INFORMATION SUPPLIED: Begin

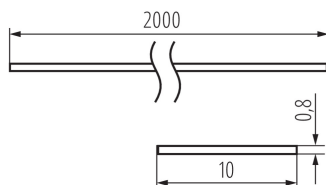

26571 SHADE B/F-W 2M

Плафон для алюмінієвих профілів

5905339265715

ЗАГАЛЬНІ ДАНІ:

Колір: покрите інеєм

Довжина (мм): 2000

Ширина (мм): 10

Висота (мм): 0.8

ДАНІ ЛОГІСТИКИ:

Одиниця виміру: комплект

Як упаковано: 10

Кількість штук в проміжній упаковці: 1

Кількість штук у груповій упаковці: 10

Вага нетто одиниці [г]: 148

Граматура [г]: 493

Довжина споживчої упаковки [см]: 205

Ширина споживчої упаковки [см]: 6.5

Висота споживчої упаковки [см]: 6.5

Вага коробки [кг]: 4.93

Ширина коробки [см]: 34

Висота коробки [см]: 14

Довжина коробки [см]: 207

Обсяг коробки [м³]: 0.098532

INFORMATION SUPPLIED: End

**TASK REQUIREMENTS:** The lines sought are those in the data above that include the string "Висота"; copy each one.

**EXERCISE RESPONSE:**
Висота (мм): 0.8
Висота споживчої упаковки [см]: 6.5
Висота коробки [см]: 14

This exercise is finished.